Another development over the past few months is the tightening of the spread between conforming and jumbo-balance rates.  The attached chart shows the spread, using rates obtained from Bankrate.com's web site, through the end of last week.  However, that spread has narrowed further over the past week, and ended the week around 100 basis points, the tightest level in roughly a year.  (Prior to the onset of the credit crisis, that spread was normally in the area of 25 to 37 basis points; from the beginning of January 2002 through the end of July 2007, the spread averaged 26 basis points.)



The recent tightening in the jumbo/conforming spread has arguably been influenced by changes in how jumbo loan pricing is calculated by most lenders.  Pricing for agency-ineligible loans used to be generated by looking at execution into private-label (non-agency deals).  (A detailed discussion of the jumbo loan pricing process, and its implications, can be obtained from a report I co-authored in 2008, "The Interaction of MBS Markets and Primary Mortgage Rates."  The report can be accessed HERE)  Since private-label deals can't be executed economically at this time, jumbo loans are generally priced to the assumption that they will be held in loan form in the lender's portfolio.  Pricing for these loans is generated by backing into the required points for each rate level using some form of an ROE target, taking into account the institution's leverage and its costs of funds.  

This suggests that jumbo rates are not directly driven by capital market levels, as they were in the past.  Rather, they are dictated by institution-specific variables, mainly the ROE target.  This suggests that jumbo rates are much less responsive to changes in market bond yields than conforming rates, as pricing for this protect is, in most cases, set by committee.  If true, it also accounts for the sharp contraction in the spread between jumbo and conforming loans in the recent selloff.  

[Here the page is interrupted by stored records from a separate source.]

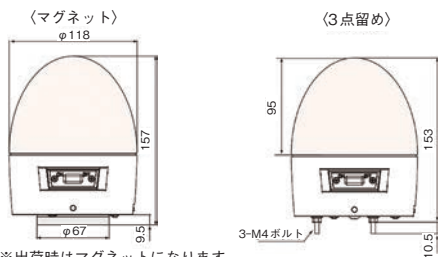

寸法図(単位 mm)

概要イメージ図

- ・電波式無線リモコン警告灯5セット利用時 ※同色タイプのみ一齐作動します。

※本製品は操作可能距離は約200~500mになります。
周囲の環境や条件によっても異なります。
※使用環境によって、電波状況が変化し、安定通信可能な範囲がことなってくる場合があります。
※複数の無線リモコンを使用する場合、同時に操作を行っても、後からの操作内容が優先されます。

本カタログに記載されたものは、代表的機種であり、実際に納品されるものとは異なる場合がございます。詳しい仕様につきましては、最寄の営業所までご確認ください。
備考マークについて 取寄: お取寄せ商品 ⚙️: 事前設定書必要 証: 有償証明書発行可能 販: 追加販売品あり 〰️: 別途月額通信費 〰️: 設置立合い推奨
トレーサビリティ証明書付/校正証明書付について: 当該機器は証明書類がセットの商品です。(※書類詳細はP8参照)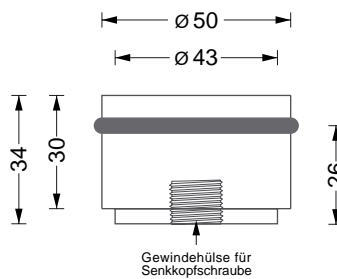

TSB 30

TSB 50

TSB 50-65

Detail Oberfläche feingedreht

Türstopper zur Bodenmontage

Edelstahl massiv, aus einem Stück feingedreht. Mit O-Ring*.

TSB 30 **18,-**
Türstopper mit O-Ring* zur Bodenmontage mittels M6 Stockschraube.

TSB 50 **36,-**
Türstopper mit O-Ring* zur Bodenmontage mittels Gewindehülse und 6 mm Senkkopfschraube (DIN 7997).
Gewicht 450 g.

TSB 50-65 **46,-**
Türstopper mit O-Ring* zur Bodenmontage mittels Gewindehülse und 6 mm Senkkopfschraube (DIN 7997).
Gewicht 900 g.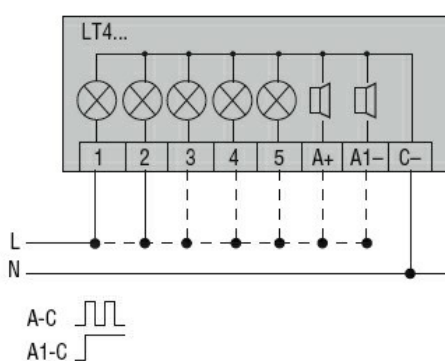

Certificari si conformitate

Conformitate

CSA C22.2 n° 14

IEC/EN 60947-1

IEC/EN 60947-5-1

UL508

Certificate

cULus

EAC

Clasificare ETIM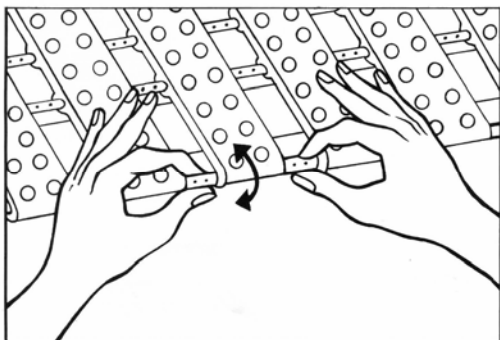

## Аппарат комплектуется следующими приспособлениями:

1. Шланг гибкий для соединения с агрегатом.
2. Массажный коврик.
4. Комплект запчастей для крепления на стену.

## Назначение ручек управления

1. Таймер включения: для программирования продолжительности массажа (время в минутах от 0 до 30 минут).

Гибкий коврик имеет трубки с отверстиями, поворачивая которые можно направить отверстия под различными углами, чтобы обеспечить различные типы массажа.

- При направлении отверстий вверх массаж более интенсивный;
- При направлении отверстий вниз – режим массажа щадящий.
- При направлении отверстий под углом (рекомендуемое положение) режим промежуточный (см. иллюстрацию).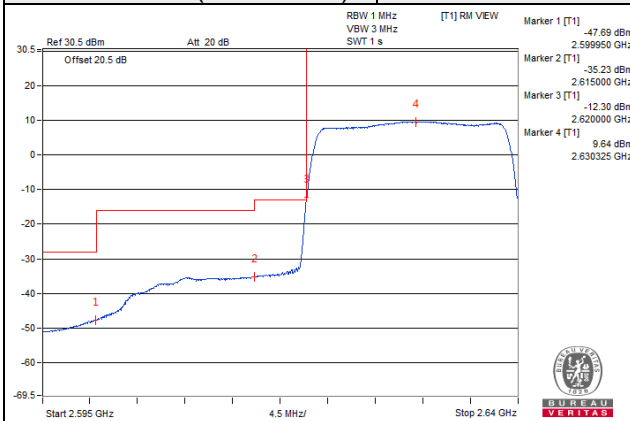

Channel Bandwidth: 20MHz

Channel 40990 (2630.0MHz)

1 RB / 0 RB Offset

Channel 40990 (2630.0MHz)

1 RB / 99 RB Offset

Channel 40990 (2630.0MHz)

100 RB / 0 RB Offset

Channel 40990 (2630.0MHz)

100 RB / 0 RB Offset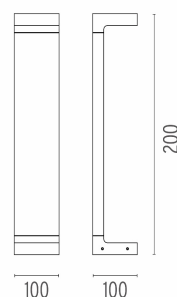

ABMESSUNGEN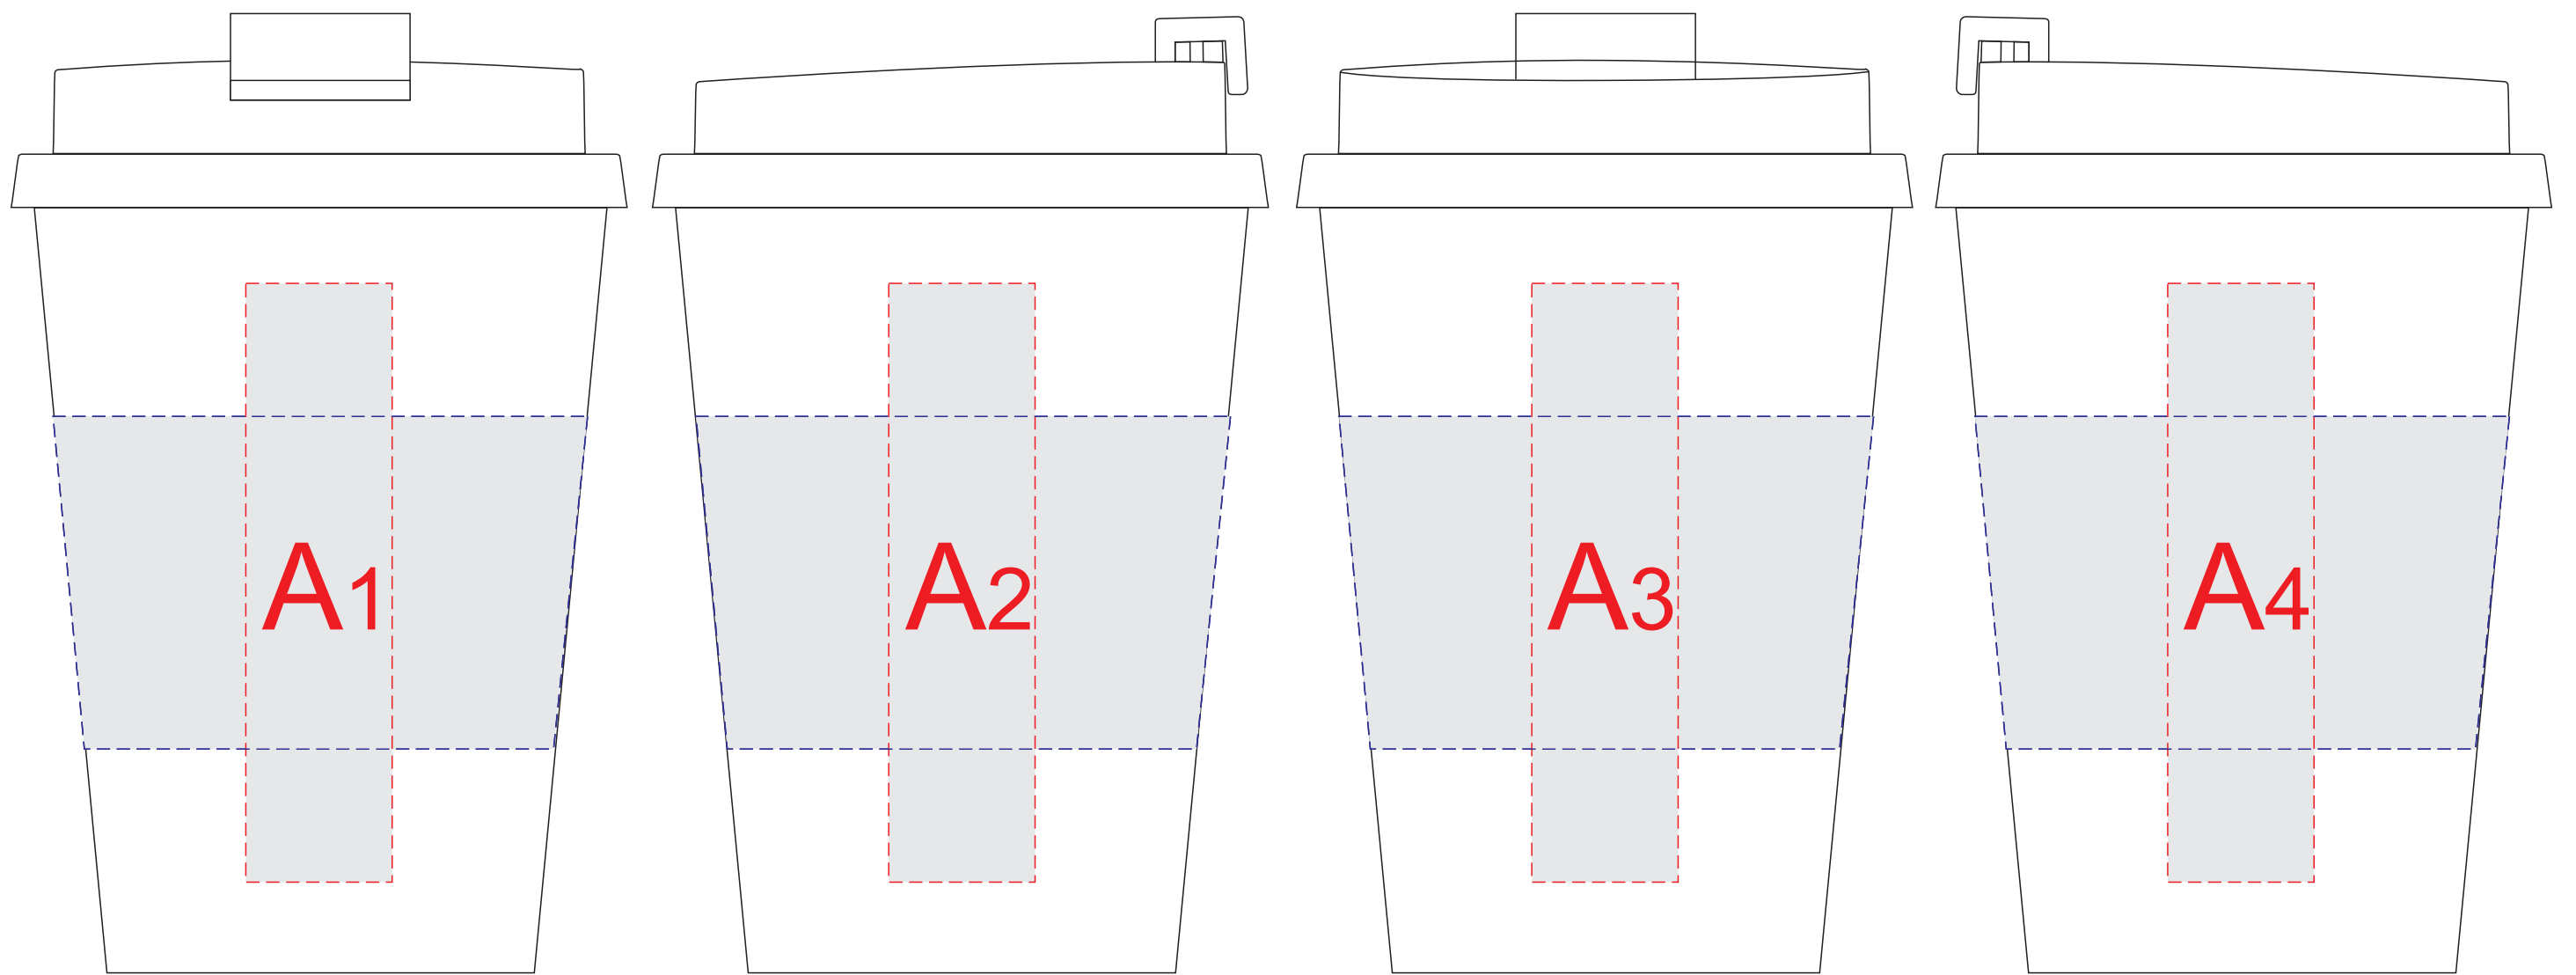

Арт. 876308

вид спереди

вид слева

вид сзади

вид справа

образец круговой гравировки

A	Вид нанесения	Макс площадь (Ш*В)
	Гравировка	22x90мм
	Круговая гравировка	230x50мм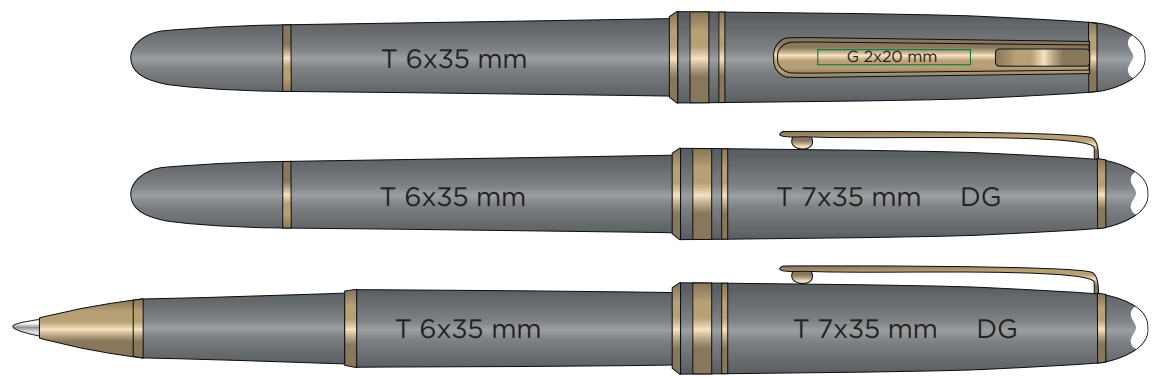

Vänligen notera att detta endast är vägledande storlekar.
Please note that these are indicative sizes only.

T - Tampo/Pad **S** - Screen **D** - Digital **G** - Gravyr/Engraving **DG** - Diamantgravyr/Diamond engraving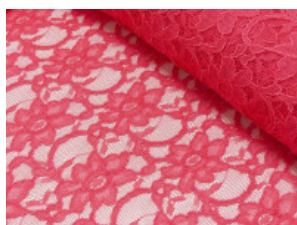

Spitze mit beidseitiger Bogenkante

55% Nylon, 45% Baumwolle
135 cm | 160 g/m² | 759445
8 - 10 m Coupons

Scheffer & Wiggers GmbH

Alfred-Mozer-Straße 40
48527 Nordhorn
www.s-w-stoffe.com

4 creme

12 apricot

25 rosé

23 flieder

20 pink

29 coral

5 rot

19 lemon

22 grasgrün

27 blaupetrol

28 grünpetrol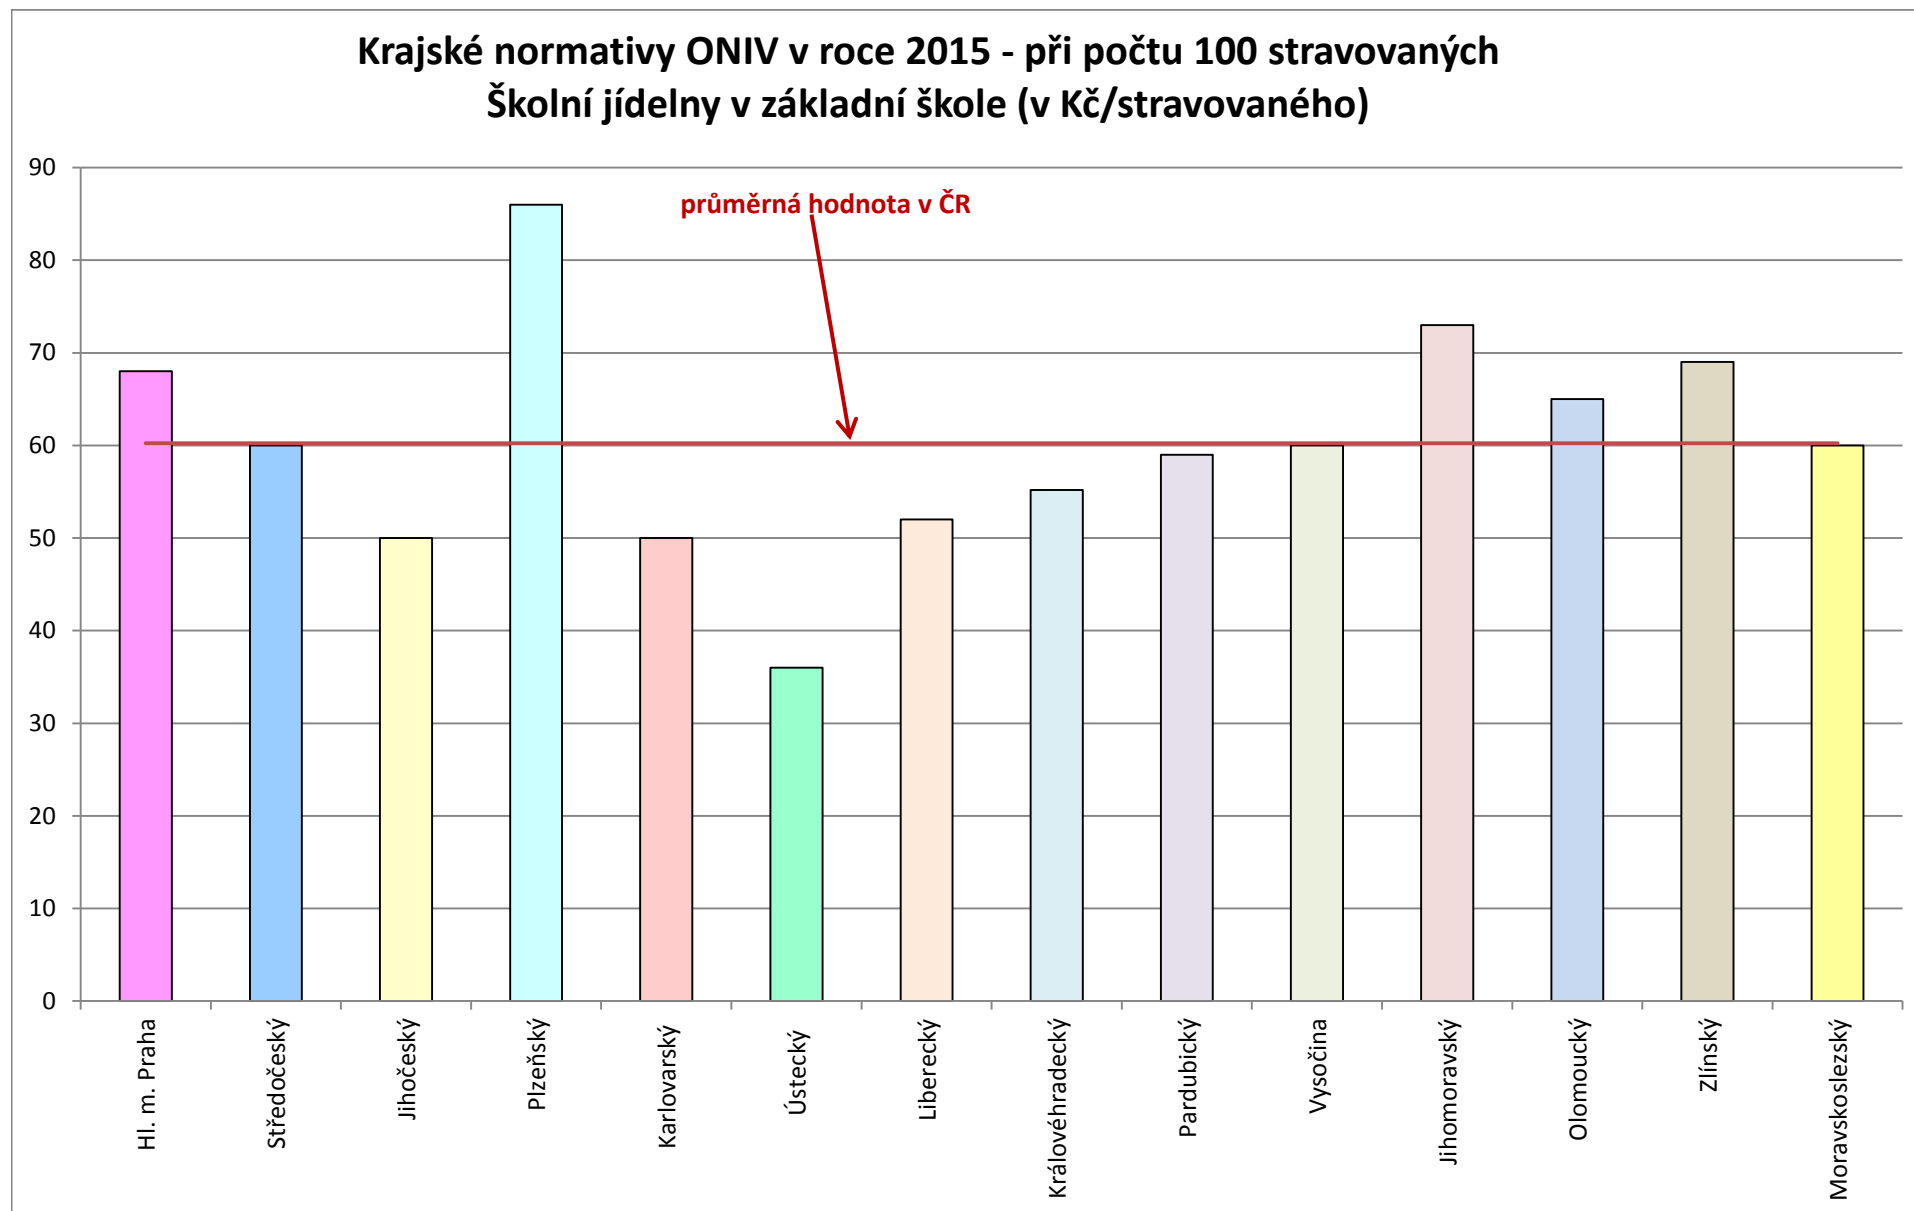

Poznámka: Ústecký, Královéhradecký, Pardubický kraj a kraj Vysočina má pro ONIV funkční závislost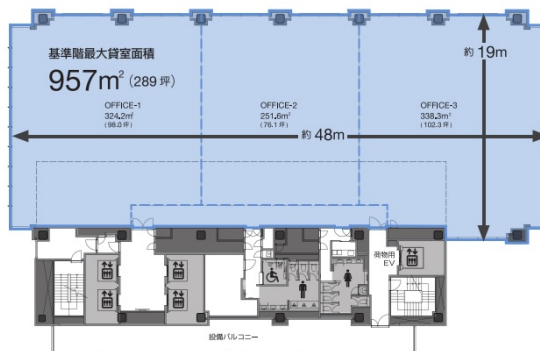

IT TOWER TOKYO 8階291.38坪

東京都豊島区西池袋3-28-4ほか

物件MAP

賃貸条件	
月額賃料	相談
坪数	291.38坪
坪単価	相談
共益費	賃料に含む
礼金	無し
敷金（保証金）	12ヶ月
階数	8階
入居可能日	相談

ビル情報	
所在地	東京都豊島区西池袋3-28-4ほか
最寄り駅	JR山手線 池袋駅 徒歩1分 東武東上線 池袋駅 徒歩1分 東京メトロ丸ノ内線 池袋駅 徒歩1分
エリア	池袋エリア
竣工	2025年11月
耐震	新耐震基準
階数	地上28階 地下4階
用途	事務所
構造	S造、一部SRC造

設備情報	
エレベーター	4基
空調	個別空調
OAフロア	OAフロア
基準階天井高	3,000mm
光ファイバー	有り
トイレ	男女別・室外
セキュリティ	有り
駐車場	有り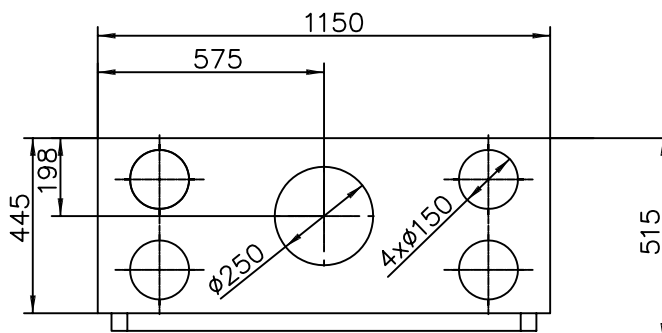

# Kal-fire-heat-100

Maatblad/Massblatt/Fiche de mesures/measures

Kal-fire

Vooranzicht  
Frontansicht  
Vue de face  
Front view

Zijaanzicht  
Seitenansicht  
Vue de côté  
Side view

Doorsnede verbrandingskamer  
Grundriss Feuerstelle  
Coupe sur foyer  
Cross section

Bovenaanzicht  
Draufsicht  
Echangeur  
Top view

Alle maten in mm. Maten onder voorbehoud / Alle Masse in mm. Massänderungen vorbehalten  
Dimensions en mm. Sous rçserve de modifications / Dimensions in MM. modifications preserved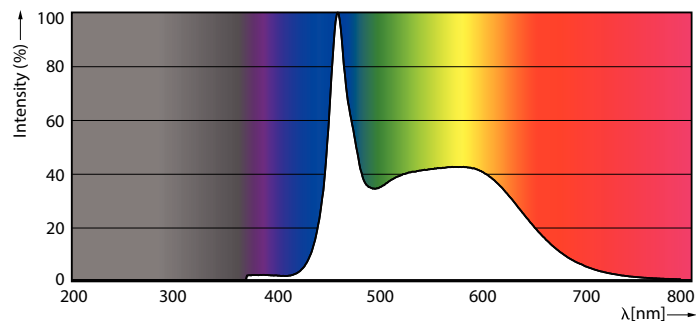

Údaje o produktu

General Information		Power (Rated) (Nom)	
Patice	E27 [E27]		23 W
Splňuje požadavky evropské směrnice RoHS	Ano	Proud zdroje (jmen.)	200 mA
Jmenovitá životnost (jmen.)	15000 h	Ekvivalentní příkon	200 W
Cyklus přepínání	20 000x	Doba spuštění (jmen.)	0,5 s
Technický typ	23-200W	Doba zahřátí na 60 % světla (jmen.)	0.5 s
Referenční světelný tok	Sphere	Účinnost (jmen.)	0.51
		Napětí (jmen.)	220-240 V
Light Technical		Temperature	
Kód barvy	865 [CCT: 6500 K]	Maximální teplota (jmen.)	55 °C
Světelný tok (jmen.)	3452 lm		
Barevné konstrukce	Studené denní světlo	Controls and Dimming	
Náhradní teplota chromatičnosti (jmen.)	6500 K	Regulovatelné	Ne
Měrný výkon (jmen.) (nom.)	150,00 lm/W		
Konzistence barev	<6	Mechanical and Housing	
Index barevného podání (jmen.)	80	Úprava žárovky	Mléčná
Světelný tok na konci jmenovité životnosti (jmen.)	70 %	Tvar žárovky	A95 [A 95 mm]
Operating and Electrical		Approval and Application	
Vstupní frekvence	50 až 60 Hz	Třída energetické účinnosti	D

Product	D	C
LED classic 200W A95 E27 CDL FR ND 1PF/4	95 mm	165 mm

Fotometrické údaje

LEDbulb 23W A95 E27 865 FR

LEDbulb A95 E27 3452lm FR

LEDbulb 13W A67 E27 865 FR

Žárovky LEDbulbs s klasickými vlákny

Životnost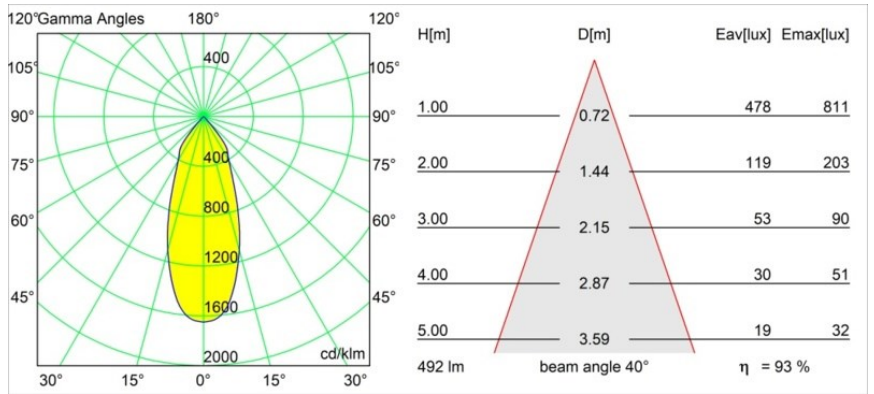

Light distribution & beam diagram

It remains to be seen whether many lenders will see fit to raise jumbo rates over the summer, in order to restore the relationship between jumbo and conforming rates to its recent levels.  A related question is whether pricing in the private-label MBS market will improve to the point where new-issue execution becomes economical.  Levels in some sectors of the non-agency MBS market have improved dramatically over the past few months; for example, some bonds backed by prime loans have improved by 20 points or more since their lows last winter.  The return of the private-label market will be critical in restoring the jumbo lending market to health, particularly if Congress fails to extend the temporary increases in the conforming-balance limit.